> [Task prompt] Below are the records; count the lines that include the string "Polling" and give only that number.
>>>>>
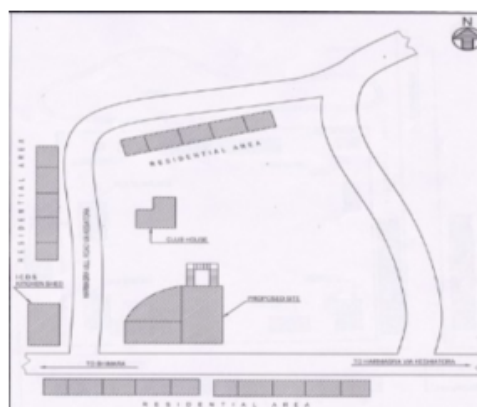

নির্বাচক নিবন্ধন আধিকারিকের স্বাক্ষর

Nazri Naksha

Google Map View

Polling Station Building Front View

Polling Station Front View

Cad View

Key MAP View

1 নাম : লব কর পিতার নাম: বিরিঞ্চি কর বাড়ির নং : n0001 বয়স : 30 লিঙ্গ : পুরুষ	RTE1624089 ফটো উপলব্ধ	2 নাম : কুশ কর পিতার নাম: বিরিঞ্চি কর বাড়ির নং : n0001 বয়স : 30 লিঙ্গ : পুরুষ	RTE1543214 ফটো উপলব্ধ	3 নাম : মানিক রতন কর পিতার নাম: মোহন চন্দ্র কর বাড়ির নং : n0001 বয়স : 64 লিঙ্গ : পুরুষ	RTE1096320 ফটো উপলব্ধ
4 নাম : সুনীলা কর স্বামীর নাম: মানস কর বাড়ির নং : n0001 বয়স : 30 লিঙ্গ : মহিলা	RTE1543347 ফটো উপলব্ধ	5 নাম : আল্লারানী কর স্বামীর নাম: বিরিঞ্চি কর বাড়ির নং : n0001 বয়স : 61 লিঙ্গ : মহিলা	DHC1333376 ফটো উপলব্ধ	6 নাম : কণকলতা কর স্বামীর নাম: নীরদ কর বাড়ির নং : n0002 বয়স : 79 লিঙ্গ : মহিলা	WB/36/244/057102 ফটো উপলব্ধ
7 নাম : অর্ধেন্দু কর পিতার নাম: নীরদ কর বাড়ির নং : n0002 বয়স : 54 লিঙ্গ : পুরুষ	WB/36/244/057676 ফটো উপলব্ধ	8 নাম : প্রদীপ কর পিতার নাম: নীরদ কর বাড়ির নং : n0002 বয়স : 52 লিঙ্গ : পুরুষ	WB/36/244/057658 ফটো উপলব্ধ	9 নাম : অতসী কর স্বামীর নাম: প্রদীপ কর বাড়ির নং : n0002 বয়স : 34 লিঙ্গ : মহিলা	RTE1096338 ফটো উপলব্ধ
10 নাম : স্বপনা কর স্বামীর নাম: অর্ধেন্দু কর বাড়ির নং : n0002 বয়স : 44 লিঙ্গ : মহিলা	DHC1916139 ফটো উপলব্ধ	11 নাম : আকাশ কর পিতার নাম: অর্ধেন্দু কর বাড়ির নং : n0002 বয়স : 26 লিঙ্গ : পুরুষ	RTE1758424 ফটো উপলব্ধ	12 নাম : মনোরমা কর স্বামীর নাম: মানিক রতন কর বাড়ির নং : n0001 বয়স : 60 লিঙ্গ : মহিলা	WB/36/244/057335 ফটো উপলব্ধ
13 নাম : মানস কর পিতার নাম: মানিক রতন কর বাড়ির নং : এন0001 বয়স : 36 লিঙ্গ : পুরুষ	RTE1248376 ফটো উপলব্ধ	14 নাম : ঝুমা লোহার স্বামীর নাম: অর্ধেন্দু পতি বাড়ির নং : এন0020 বয়স : 25 লিঙ্গ : মহিলা	UVG1850049 ফটো উপলব্ধ	15 নাম : অরিজিৎ কর পিতার নাম: অর্ধেন্দু কর বাড়ির নং : এন0002 বয়স : 21 লিঙ্গ : পুরুষ	RTE2261410 ফটো উপলব্ধ
16 নাম : মিতুন চন্দ্র পিতার নাম: কিঙ্কর চন্দ্র বাড়ির নং : n0007 বয়স : 35 লিঙ্গ : পুরুষ	RTE1096619 ফটো উপলব্ধ	17 নাম : মৈত্রী কারক চন্দ্র স্বামীর নাম: গৌতম চন্দ্র বাড়ির নং : N0004 বয়স : 26 লিঙ্গ : মহিলা	UZI1964626 ফটো উপলব্ধ	18 নাম : বেলারানী চন্দ্র স্বামীর নাম: আনন্দ চন্দ্র বাড়ির নং : n0003 বয়স : 66 লিঙ্গ : মহিলা	RTE1944743 ফটো উপলব্ধ
19 নাম : পিকু চন্দ্র পিতার নাম: শিবপ্রসাদ চন্দ্র বাড়ির নং : n0006 বয়স : 29 লিঙ্গ : পুরুষ	RTE1543206 ফটো উপলব্ধ	20 নাম : উত্তম চন্দ্র পিতার নাম: কিঙ্কর চন্দ্র চন্দ্র বাড়ির নং : n0007 বয়স : 40 লিঙ্গ : পুরুষ	RTE0232041 ফটো উপলব্ধ	21 নাম : শান্তালা চন্দ্র স্বামীর নাম: কেবল চন্দ্র বাড়ির নং : n0004 বয়স : 60 লিঙ্গ : মহিলা	RTE2128445 ফটো উপলব্ধ
22 নাম : কেবল চন্দ্র পিতার নাম: গোরান্দ চন্দ্র বাড়ির নং : এন0004 বয়স : 71 লিঙ্গ : পুরুষ	DHC1916212 ফটো উপলব্ধ	23 নাম : গৌতম চন্দ্র পিতার নাম: কেবল চন্দ্র বাড়ির নং : এন0004 বয়স : 36 লিঙ্গ : পুরুষ	RTE0232058 ফটো উপলব্ধ	24 নাম : অর্পনা চন্দ্র স্বামীর নাম: বিকাশ চন্দ্র বাড়ির নং : এন0007 বয়স : 38 লিঙ্গ : মহিলা	DHC2229532 ফটো উপলব্ধ
25 নাম : তুষ্টরানী চন্দ্র স্বামীর নাম: কিঙ্কর চন্দ্র চন্দ্র বাড়ির নং : n0007 বয়স : 71 লিঙ্গ : মহিলা	RTE2019511 ফটো উপলব্ধ	26 নাম : শানু চন্দ্র পিতার নাম: জিতেন্দ্রনাথ চন্দ্র বাড়ির নং : n0003 বয়স : 27 লিঙ্গ : পুরুষ	RTE1701465 ফটো উপলব্ধ	27 নাম : রাহুল চন্দ্র পিতার নাম: নেপাল চন্দ্র চন্দ্র বাড়ির নং : n0005 বয়স : 24 লিঙ্গ : পুরুষ	RTE2000222 ফটো উপলব্ধ
28 নাম : কিঙ্কর চন্দ্র চন্দ্র পিতার নাম: চন্দ্রমোহন চন্দ্র বাড়ির নং : n0007 বয়স : 75 লিঙ্গ : পুরুষ	RTE2019495 ফটো উপলব্ধ	29 নাম : নেপাল চন্দ্র চন্দ্র পিতার নাম: কমলাকান্ত চন্দ্র বাড়ির নং : n0005 বয়স : 59 লিঙ্গ : পুরুষ	RTE1924356 ফটো উপলব্ধ	30 নাম : জিতেন্দ্রনাথ চন্দ্র পিতার নাম: দেবেন্দ্র চন্দ্র বাড়ির নং : n0003 বয়স : 60 লিঙ্গ : পুরুষ	RTE1945880 ফটো উপলব্ধ
<<<<<
> [Answer to the exercise] 2